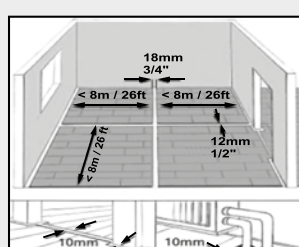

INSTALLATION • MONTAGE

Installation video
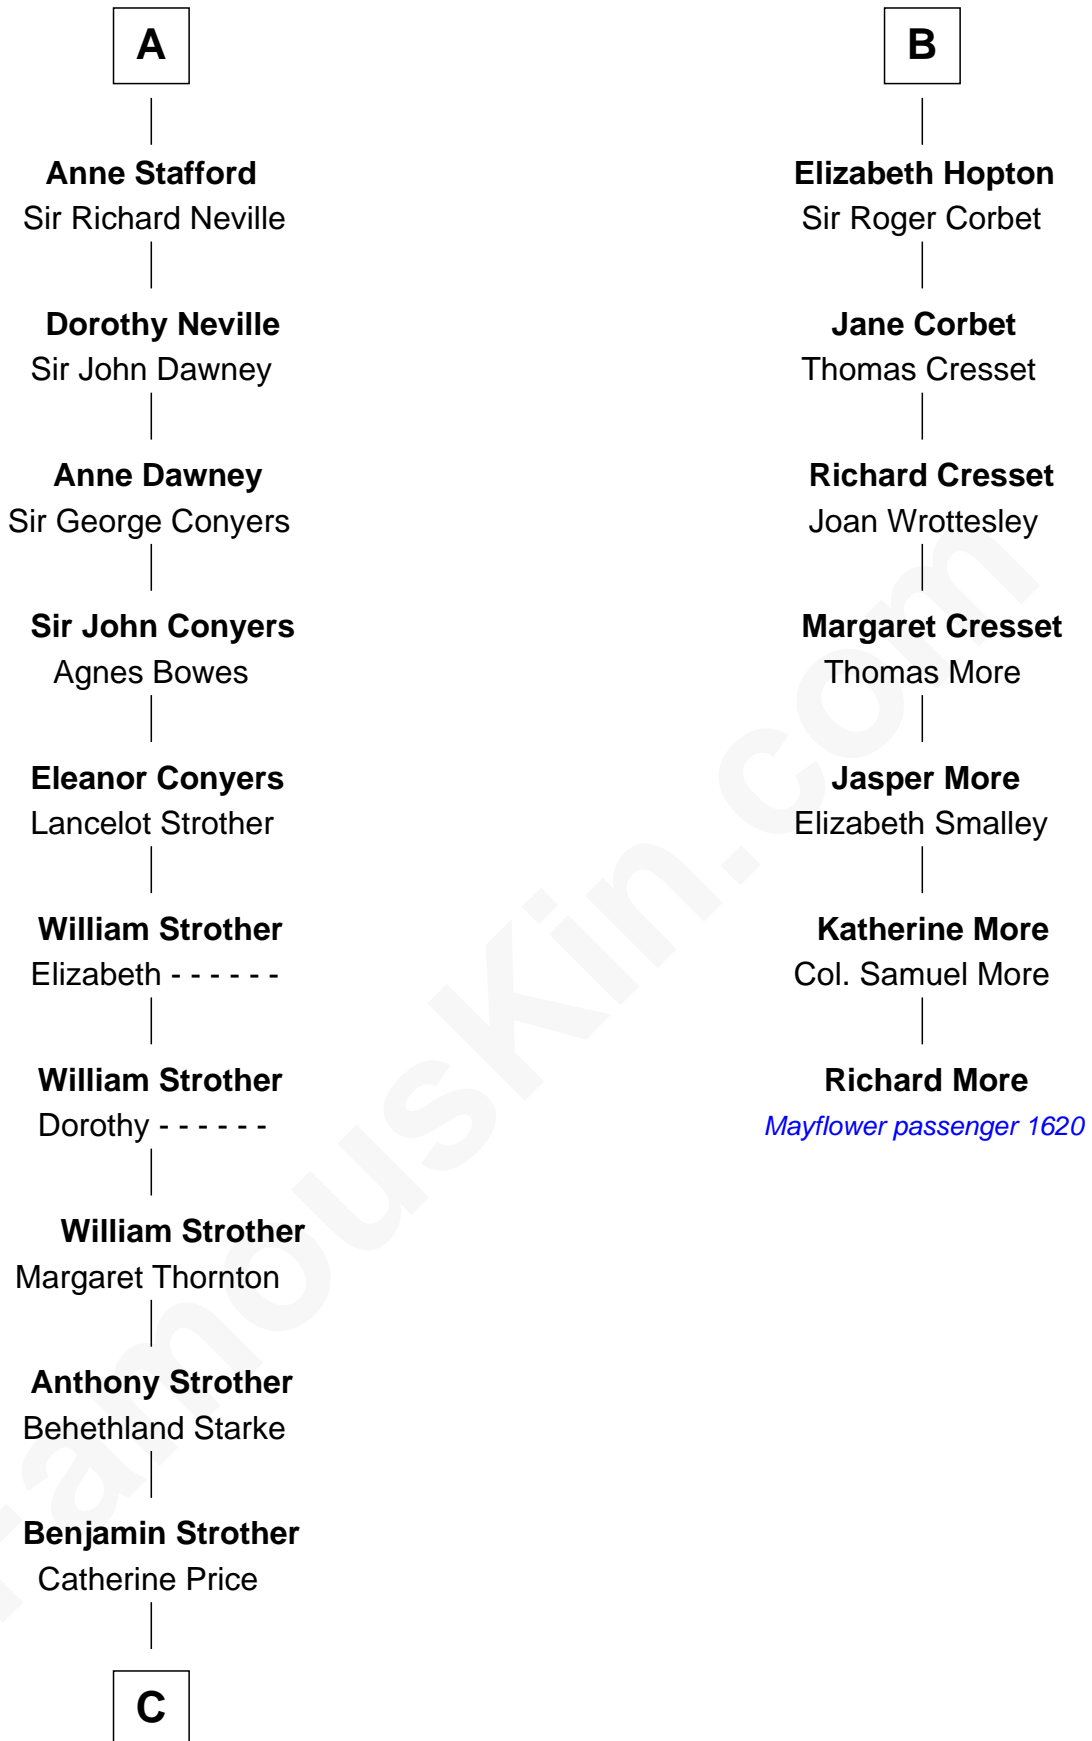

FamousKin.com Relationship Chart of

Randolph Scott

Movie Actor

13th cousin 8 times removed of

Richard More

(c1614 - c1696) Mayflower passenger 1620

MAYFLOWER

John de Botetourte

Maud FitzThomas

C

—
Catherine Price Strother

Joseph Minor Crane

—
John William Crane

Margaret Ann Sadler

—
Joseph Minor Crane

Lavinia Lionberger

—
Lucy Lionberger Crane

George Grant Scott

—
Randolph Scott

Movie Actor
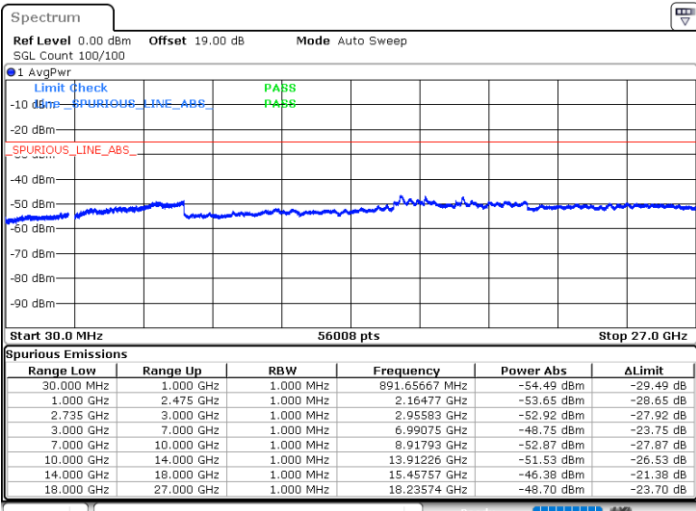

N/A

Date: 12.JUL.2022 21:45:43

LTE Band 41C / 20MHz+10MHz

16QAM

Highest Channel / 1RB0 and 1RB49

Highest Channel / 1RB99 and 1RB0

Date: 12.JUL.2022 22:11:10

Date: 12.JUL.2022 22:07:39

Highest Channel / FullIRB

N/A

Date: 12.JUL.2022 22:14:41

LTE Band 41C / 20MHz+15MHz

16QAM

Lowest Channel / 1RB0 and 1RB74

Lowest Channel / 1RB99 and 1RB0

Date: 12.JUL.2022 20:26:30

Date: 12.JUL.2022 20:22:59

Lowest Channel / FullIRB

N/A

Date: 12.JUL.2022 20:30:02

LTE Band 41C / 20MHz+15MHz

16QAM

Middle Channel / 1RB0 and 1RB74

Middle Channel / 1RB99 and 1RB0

* * * * * * *

In the listing above, find the line with "Richard More" and the line with "Lucy Lionberger Crane"; output exactly those lines and all lines between them.

Richard More

(c1614 - c1696) Mayflower passenger 1620

MAYFLOWER

John de Botetourte

Maud FitzThomas

C

—
Catherine Price Strother

Joseph Minor Crane

—
John William Crane

Margaret Ann Sadler

—
Joseph Minor Crane

Lavinia Lionberger

—
Lucy Lionberger Crane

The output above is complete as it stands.